County in Missouri, United States

Warren County is a county located in the eastern portion of the U.S. state of Missouri. As of the 2020 census, the population was 35,532. The county is located on the north side of the Missouri River. Its county seat is Warrenton. The county was established on January 5, 1833, and was named for General Joseph Warren, who died in the Battle of Bunker Hill during the American Revolutionary War.

Warren County is part of the St. Louis, MO-IL Metropolitan Statistical Area. The county is traversed by Route 94, called the "Missouri Weinstrasse" because of the many vineyards from Marthasville east into St. Charles County. Warren County is also part of the Missouri Rhineland, with award-winning wineries located on both sides of the Missouri River.

==Geography==
According to the U.S. Census Bureau, the county has a total area of 438 sqmi, of which 429 sqmi is land and 9.2 sqmi (2.1%) is water.

===Adjacent counties===
- Lincoln County (north)
- St.

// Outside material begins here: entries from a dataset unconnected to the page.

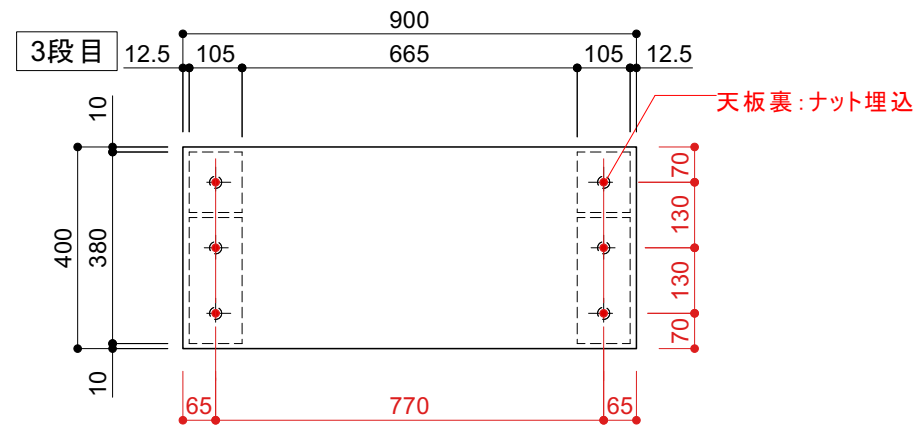

010 隙間にぴったり収納棚

	ブロック1h ×16		ピン ×30
	ブロック2h ×16		ネジピン ×30
	[ボードA] ボードd400 w900×1		20mm ネジネジ20 ×6
	[ボードB] ボードd400 w900×1		50mm ネジネジ50 ×12
	[ボードC] ボードd400 w900×1		ピッタン ×90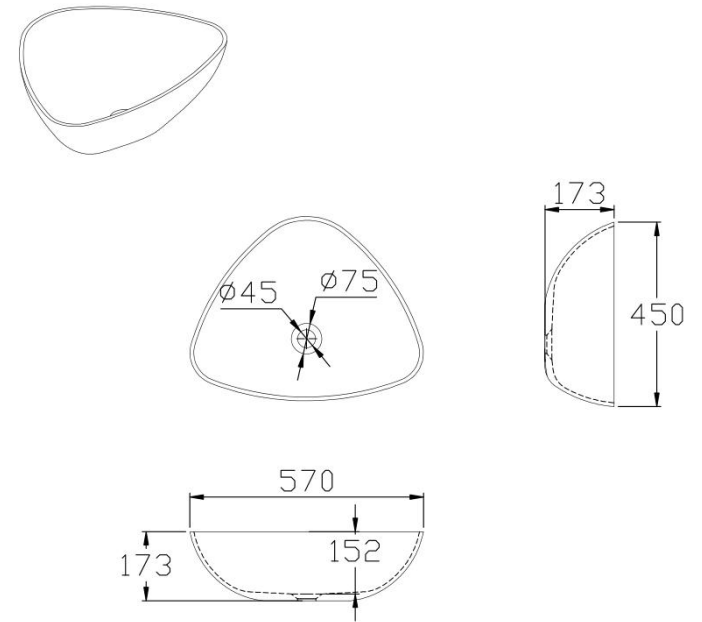

产品型号: 1230140
Product Item No.: 1230140

品名: 白色哑光人造石台盆
Item Name: stone resin basin
规格/Size: 570x450x173mm

黄山利丽雅实业有限公司
Huangshan Lilya Industrial Co., Ltd

website: www.lly-stonebath.com

Email: tony@cw7.com.cn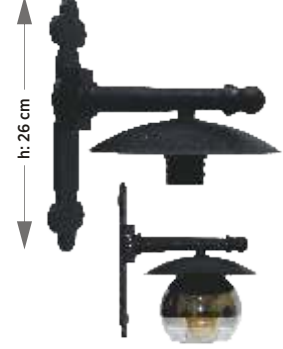

► Siyah: 174 TL Beyaz / Yeşil / Bakır Patina: 194 TL ◀

RUSTİK KONSOL akviva

**FIYATLARA AMPUL
DAHİL DEĞİLDİR**

- Siyah /17101
- Yeşil Patina /17102
- Bakır Patina /17103
- Beyaz /17104
- Sarı Eskieme /17105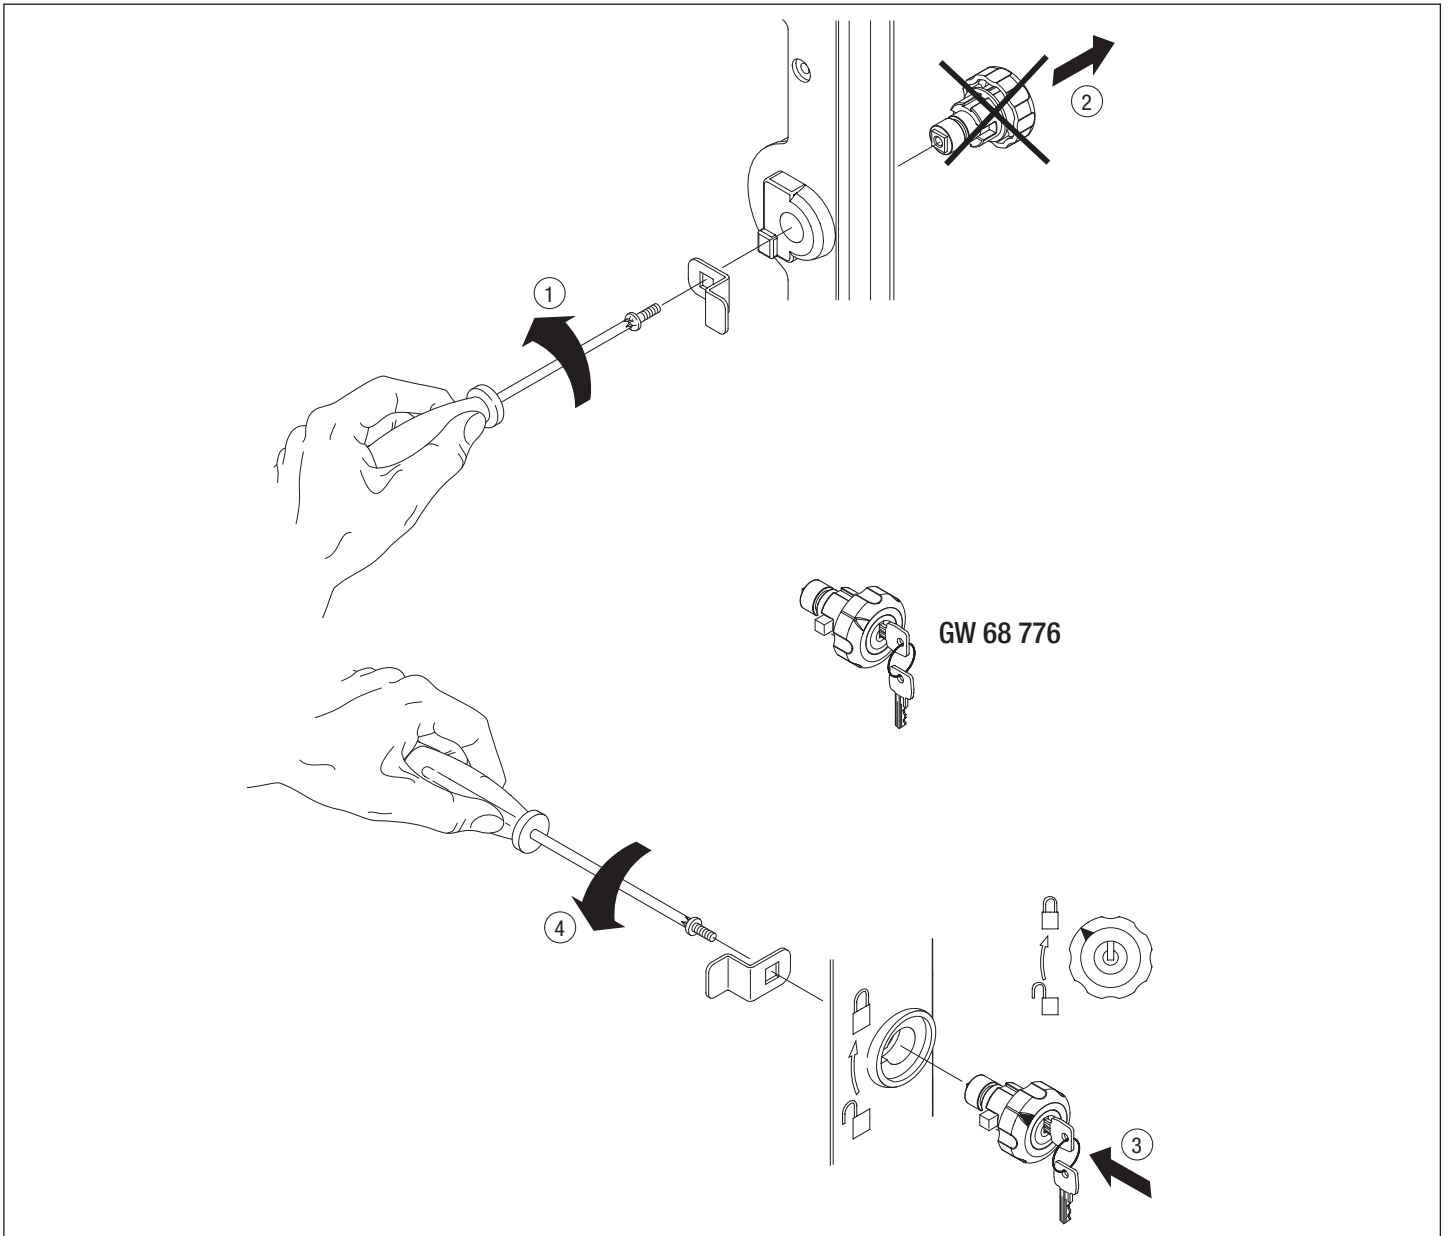

GW 68 990		
GW 68 790		 FSS 16W GR8
GW 68 791		  FSS 16W GR10
GW 68 792		

GW 68 776	
GW 68 796	
GW 68 788	
GW 68 799	

	A	
A1		2

	B	
B1	Ø9 	4
B2	M8 	4

75546739

Punto di contatto indicato in adempimento ai fini delle direttive e regolamenti UE applicabili:
Contact details according to the relevant European Directives and Regulations:
GEWISS S.p.A. Via D.Bosatelli, 1 IT-24069 Cenate Sotto (BG) Italy tel: +39 035 946 111 E-mail: qualitymarks@gewiss.com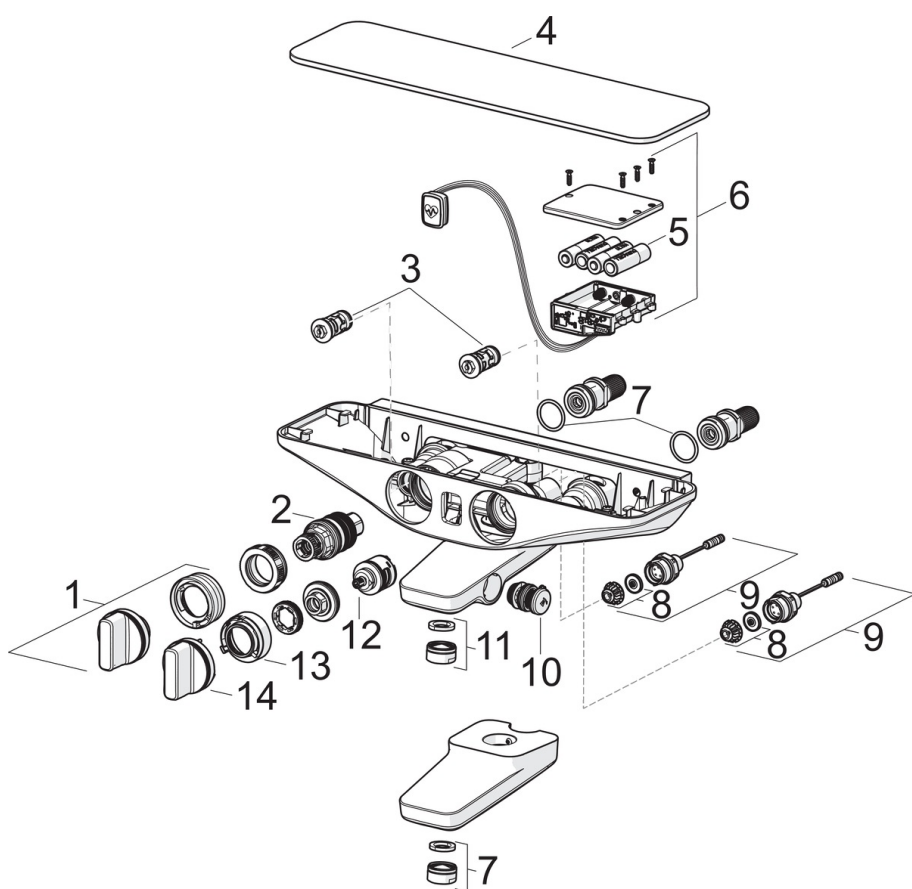

Запасные части

SP7542U-11

Код	Название	Код
01	Ручка регулировки температуры	1000791V
02	Термостат/ узел регулировки	178780V
03	Обратный клапан с грязевым фильтром, (9/2018 -)	1004950V
03	Обратный клапан с грязевым фильтром	602346V
04	Декоративная пластина Белый	1000526V
05	Батарейка, 1,5 V AA Lithium	600599V
06	Блок управления, 6 V / Wellfit / Bluetooth	1000858V
07	O-кольцо, 25.07x2.62	602674V
08	Опорное кольцо мембраны	199205V
09	Электромагнитный клапан	199206V
10	Переключатель	1002394V
11	Аэратор, M24x1 D	602104V
12	Переключатель/Узел регулировки	198282V
13	Ограничитель потока	1003518V
14	Ручка регулировки расхода	1000716V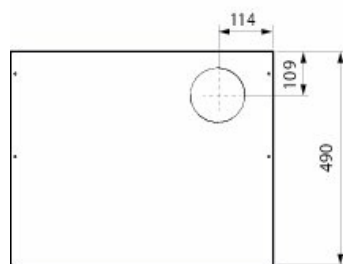

MONOLIT-M 60 cm, hvit

Med motor og 3-trinns bryter. Sidestilt spjeld

Artikkelnummer: 326950

Tekniske parametre

Produkt	
Spenning (nominell)	230 V
Frekvens	50 Hz
Fase	1~
Effekt (P1)	70 W
Farge innfatning	
Farge innfatning	Hvit
Dimensjoner og vekt	
Vekt	8,4 kg
Tilkoblinger	
Tilkoblingsdiameter Ø	125 mm

Dimensjon

Koblingsskjema

Tilbehør

- Kullfilter Monolit (328341)
- Volumkappe Monolit, hvit (328339)

Dokumenter

- SYSTEMAIR_MONOLIT-M_USER_MANUAL.PDF
- MONOLIT-M_WIRING.PDF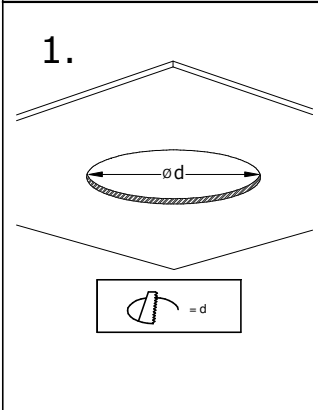

L		= d
ø370		= ø 358
ø420		= ø 408
ø620		= ø 608
ø870		= ø 858
ø1170		= ø 1158

142-030*-10G** LED L = ø 370mm

142-060*-10G** LED L = ø 620mm

142-040*-10G** LED L = ø 420mm

143-080*-10G** LED L = ø 870mm

143-0A0x-10Gxx LED L = ø 1170mm

- o Nepřekrývat svítidlo izolačním materiálem !
- o Luminaire must not be covered with insulating material !
- o Die Leuchte nicht mit Isoliermaterial überdecken !
- o Не перекрывать светильник изоляционным материалом !

- o NESAHAT NA LEDKY !
- o DO NOT TOUCH LED !
- o NICHT BERÜHREN LED !
- o Не касаться LED !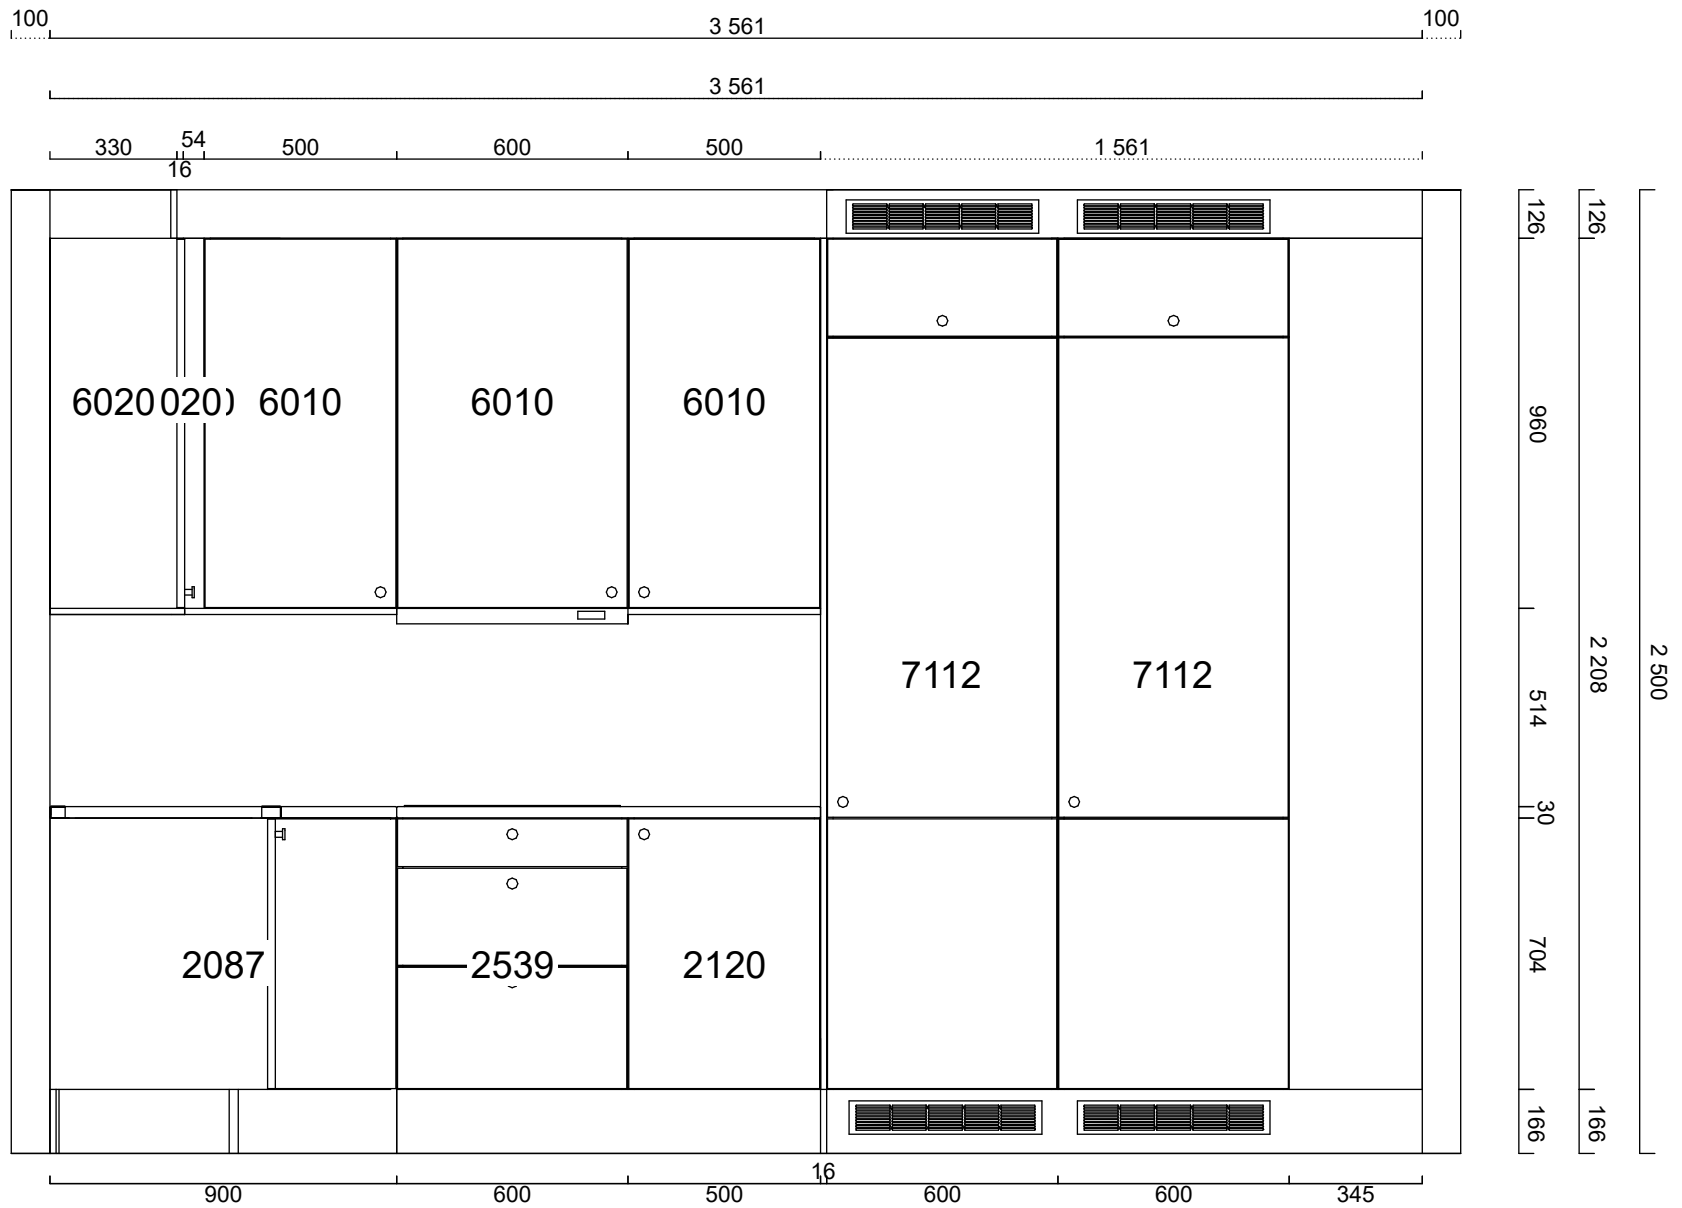

Alla mått som visas skall noggrant kontrolleras och justeras mot verkliga mått på arbetsplatsen. Detta är en originalritning och bör ej kopieras.

Handläggare
CET

Skapad 2022-10-03
Reviderad 2022-11-02

Automatisk elevationsvy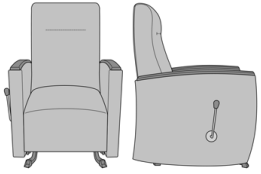

kwalu®

Valentia Glider

Valentia Glider

Model: VLGL1

30W 32D 43H

26AH

Charles County (east)
- Franklin County (south)
- Gasconade County (southwest)
- Montgomery County (west)

===Major highways===
- Interstate 70
- U.S. Route 40
- Route 47
- Route 94

==Demographics==

Historical population
| Census | Pop. | Note | %± |
| 1840 | 4,253 |  | — |
| 1850 | 5,860 |  | 37.8% |
| 1860 | 8,839 |  | 50.8% |
| 1870 | 9,673 |  | 9.4% |
| 1880 | 10,806 |  | 11.7% |
| 1890 | 9,913 |  | −8.3% |
| 1900 | 9,919 |  | 0.1% |
| 1910 | 9,123 |  | −8.0% |
| 1920 | 8,490 |  | −6.9% |
| 1930 | 8,082 |  | −4.8% |
| 1940 | 7,734 |  | −4.3% |
| 1950 | 7,666 |  | −0.9% |
| 1960 | 8,750 |  | 14.1% |
| 1970 | 9,699 |  | 10.8% |
| 1980 | 14,900 |  | 53.6% |
| 1990 | 19,534 |  | 31.1% |
| 2000 | 24,525 |  | 25.6% |
| 2010 | 32,513 |  | 32.6% |
| 2020 | 35,532 |  | 9.3% |
| 2025 (est.) | 39,016 | Increase | 9.8% |
U.S. Decennial Census 1790-1960 1900-1990 1990-2000 2010

===2020 census===
As of the 2020 census, the county had a population of 35,532. The median age was 40.7 years. 23.3% of residents were under the age of 18 and 17.6% of residents were 65 years of age or older. For every 100 females there were 100.5 males, and for every 100 females age 18 and over there were 99.6 males age 18 and over.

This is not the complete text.